Here we detail a simple useful trick that avoids this problem.

Background

From earlier articles we have detailed tools for assessing significance. In particular Statistical Minefields with Version Testing offers the BINOM.EXE programs to reverse engineer the Binomial distribution to assess significance. The same article shows further issues with round robin tournaments with multiple opponents that cannot be used with the Binomial distribution. In such situations, even if you had such a suitable stats program, it still leaves you with the following issue:

You have a testrig running an 8-player round robin tournament, but are the existing running results significant or not? If you had a stats program at hand you might copy the results across and get an answer. This may return "not significant" or "fairly significant", at which point you are left with the decision to perhaps leave the test running longer and then re-test later.

This is annoying as you might test now and it offers a reasonable significance, but if you test again later the significance may even have been reduced, as the outlier winning version gets pegged back.

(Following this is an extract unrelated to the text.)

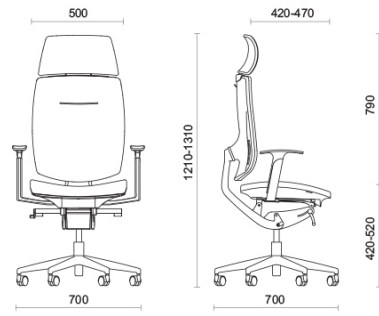

Modelli

Direzionale

This consumes time that I'm sure you feel could be better expended elsewhere. It's a distraction!

Solution

Our operated solution to this problem is simple, and made easier using our 32-core Threadripper. We run the same test on multiple cores and simply observe the results from time to time. See the picture below. Here we have the same tournament running on 6-cores. What this allows is "at a glance" to assess that there is no significant result yet as level 27 is winning 3 times and level 31 winning 3 times as well. If we had run just the second trial shown we might well have imagined that level 27 looks promising, so would wheel out the stats program and test the numbers. This would clearly be a waste of time.

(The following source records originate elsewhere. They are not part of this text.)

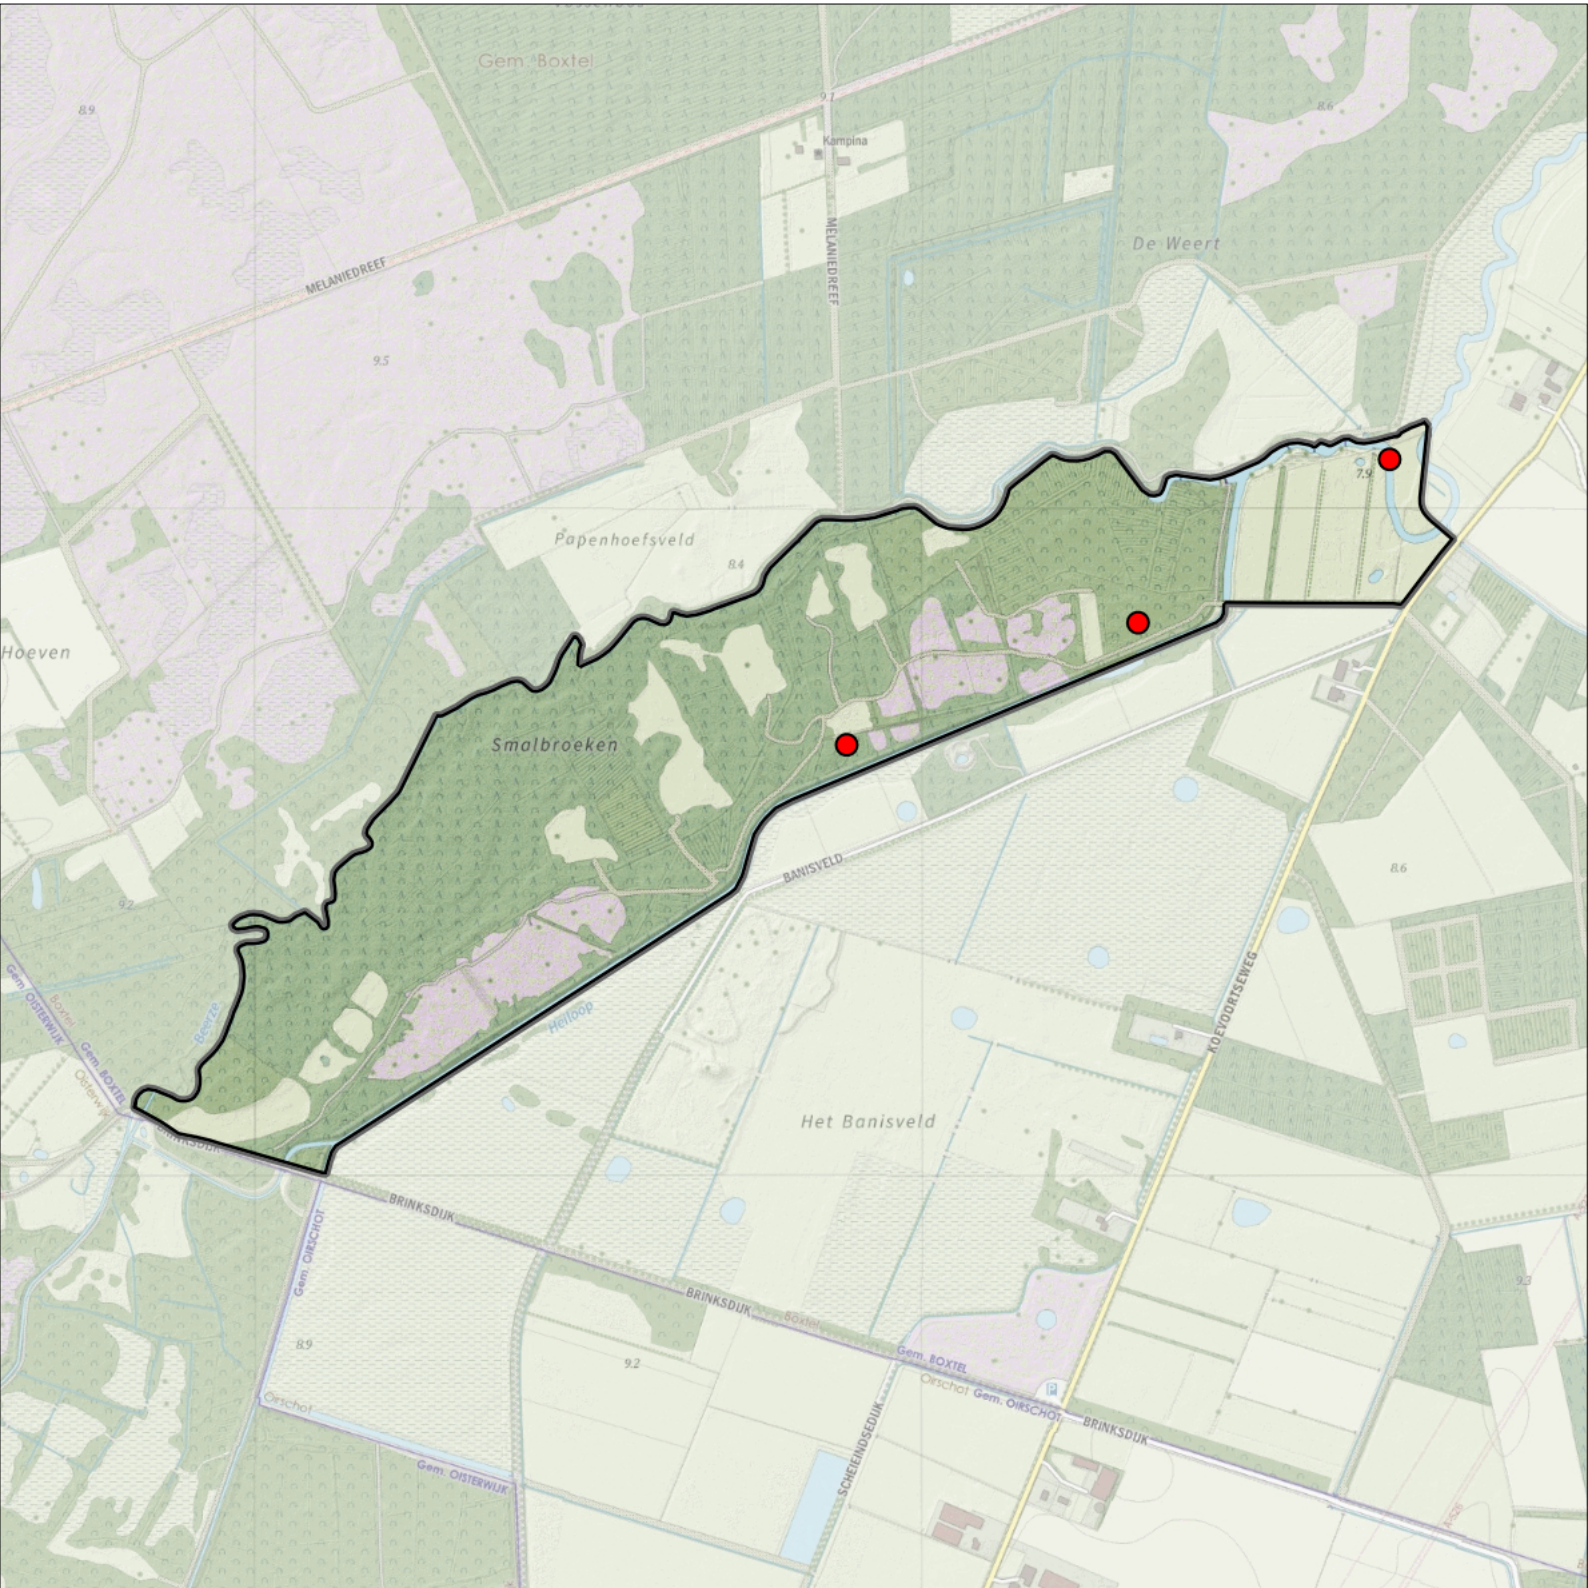

Sovon

Kleine Karekiet 3 territoria

Legenda:

-  Telgebied
-  Geldig territorium

Periode:

2023

Telgebied:

5660 Smalbroeken-zuid

Legenda:

-  Telgebied
-  Geldig territorium

Periode:
2023

Telgebied:
5660 Smalbroeken-zuid

geldige waarnemingen				normbezoeken			minimaal binnen		fusie-afstand	
adult	paar	territorial	nest	migrant	1	2	3	seizoen		datumg.
.	X	X	X	JA	1-12	13+			1	
									datumgrens	20-4 t/m 15-7
										500

Sovon

Koekoek 3 territoria

Legenda:

-  Telgebied
-  Geldig territorium

Periode:

2023

Telgebied:

5660 Smalbroeken-zuid

-  Telgebied
-  Geldig territorium

Periode:

2023

Telgebied:

5660 Smalbroeken-zuid

geldige waarnemingen				normbezoeken			minimaal binnen		fusie-afstand		
adult	paar	territorial	nest	migrant	1	2	3	seizoen		datumg.	
X	X	X	X					2	1	15-4 t/m 5-6	500

By running multiple sessions in parallel it exposes the statistical variability that is the product of a small test sample. In this case it is very clear that we are nowhere near a result, which may even ultimately be heading for a 4-way draw.

Instead the tester can glance up and immediately see that nothing is happening here after just a couple of seconds and instead return to some other work. Not only is the tester now aware that there is no significant result here but that also they will have some idea of how long they need to wait. If these had already been running for 2 hours then clearly there is little point returning for another 4 hours as these results are a long way off concluding.

There are other benefits as well. If the test is reaching the point that significance is looking likely (in this case perhaps level 27 is ahead in 4 or 5 sessions) then the tester could start up extra tests of level 27 against some other opponent on the basis that it is likely that 27 will prevail. This saves time as the additional tests are started early. If instead 27 later flunks then these added tests can be abandoned at no real cost as there was no other information that would have allowed any other speculative test to be run instead.

Conclusion

This is a significant time saver but it does not propel the tester to publish statistically dubious results just on the basis of intuition. These are just advance signposts, rather like "heavy traffic ahead", so that the tester can make good decisions in advance. The tester can assess when the test ends and then process the results to estimate the significance. If they do not have the statistical tool to convert a result to confidence bounds then they can use their common sense that if X was winning after 4 hours and still winning by a similar margin after 8 hours, and the number of games is large, that the result is likely significant.

We use this type of procedure all the time. It saves time and allows us to accelerate testing from good advance indications. It is a valuable and simple method.

Jeff Rollason - August 2021